Exercise prompt> Output the line that contains "unit: inch/mm" and every line after it to the end of the entries, with nothing added or left out.

═══ Records for the exercise ═══

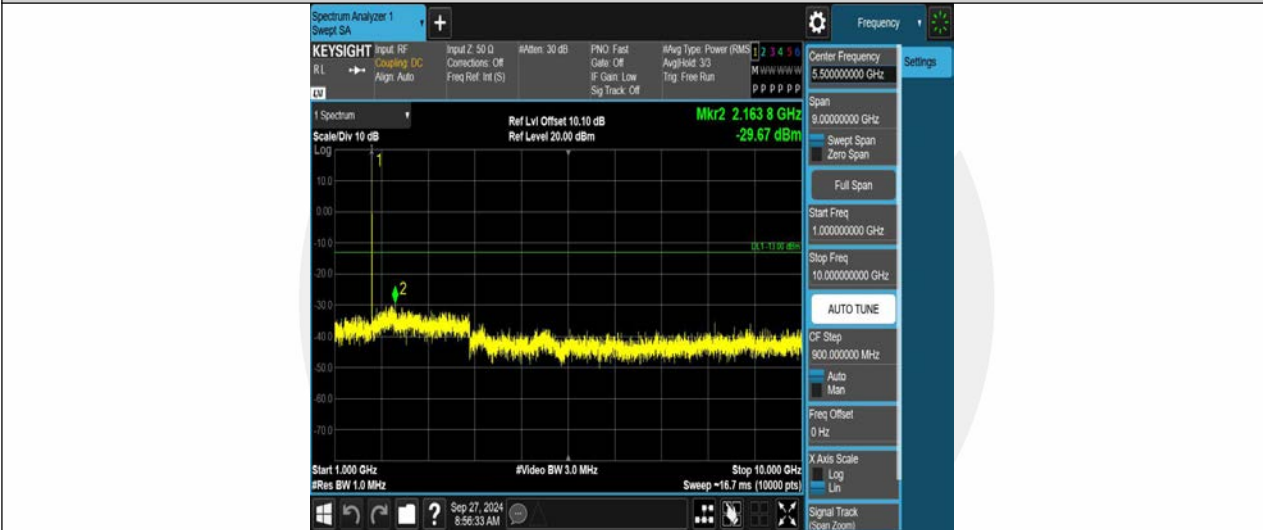

Band66-1.4MHz-QPSK-132665-6RB#0-Range1:30~1000MHz

Band66-1.4MHz-QPSK-132665-6RB#0-Range2:1000~10000MHz

Band66-1.4MHz-16QAM-131979-6RB#0-Range1:30~1000MHz

Band66-1.4MHz-16QAM-131979-6RB#0-Range2:1000~10000MHz
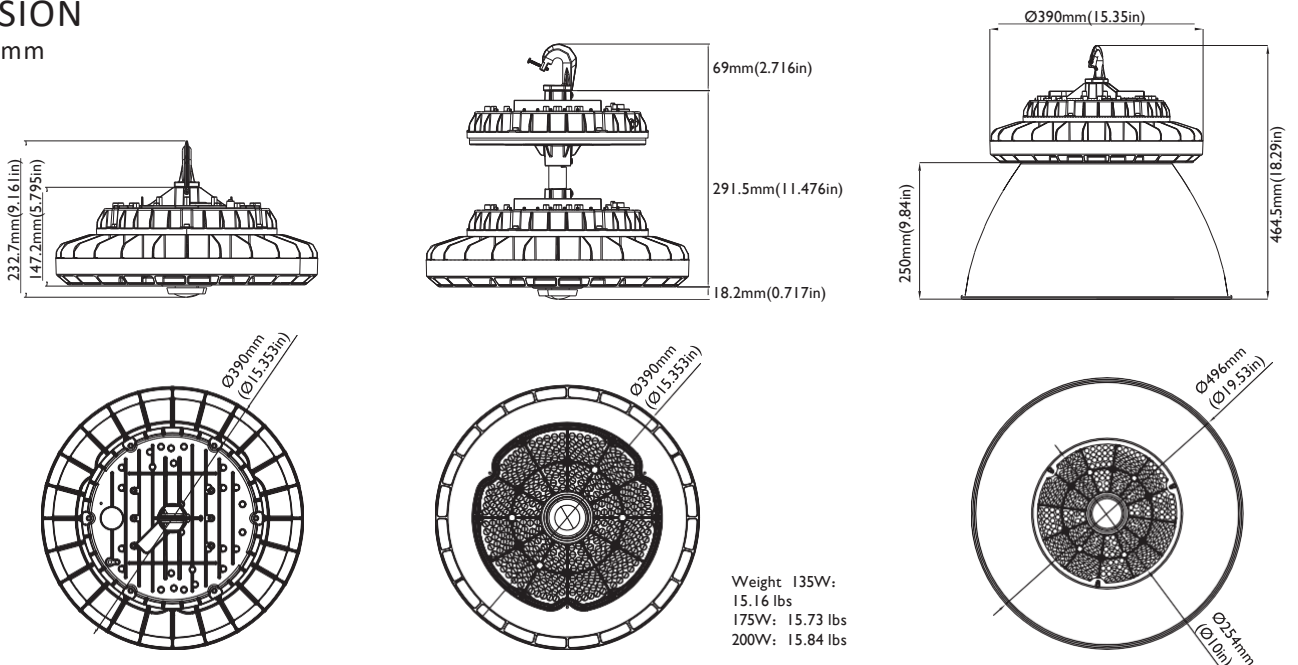

Applications:

Suitable for commercial, retail and institutional applications including gymnasiums, factories and warehouses.

Features

- Optional 90 or 120 degrees lens for different light range and intensity level.
- Hook(default included) or Conduit pendant way for different applications.
- 1-10V dimming standard for a dimming range of 100% to 10%.
- Optional motion sensor can be offered for maximizing energy savings.
- Optional emergency function for emergency needs.
- Superior colour rendition index compared to HPS.
- Operating temperature is -40°C to 55°C (-40°F to 131°F).
- Resistant to shock and vibration.
- UL/cUL wet location and DLC qualified(Not included 100W).

PERFORMANCE DATA

SYSTEM WATTS	VOLTAGE	4000K(70CRI)		5000K(70CRI)	
		LUMENS	LPW	LUMENS	LPW
100W	120-277VAC	14000lm	140lm/W	14000lm	140lm/W
135W	120-277VAC/347-480V	19400lm	144lm/W	19400lm	144lm/W
175W	120-277VAC	25600lm	146lm/W	25600lm	146lm/W
175W	347-480VAC	25000lm	143lm/W	25000lm	143lm/W
200W	120-277VAC	29800lm	149lm/W	29800lm	149lm/W
200W	347-480VAC	30000lm	150lm/W	30000lm	150lm/W

DIMENSION

unit: inch/mm

Weight 135W: 10.39 lbs
175W: 10.86 lbs
200W: 10.87 lbs

Weight 135W: 15.16 lbs
175W: 15.73 lbs
200W: 15.84 lbs

ACCESSORIES

PHOTOMETRICS

90 Degrees Lens

120 Degrees Lens

═══

Expected answer>
unit: inch/mm

Weight 135W: 10.39 lbs
175W: 10.86 lbs
200W: 10.87 lbs

Weight 135W: 15.16 lbs
175W: 15.73 lbs
200W: 15.84 lbs

ACCESSORIES

PHOTOMETRICS

90 Degrees Lens

120 Degrees Lens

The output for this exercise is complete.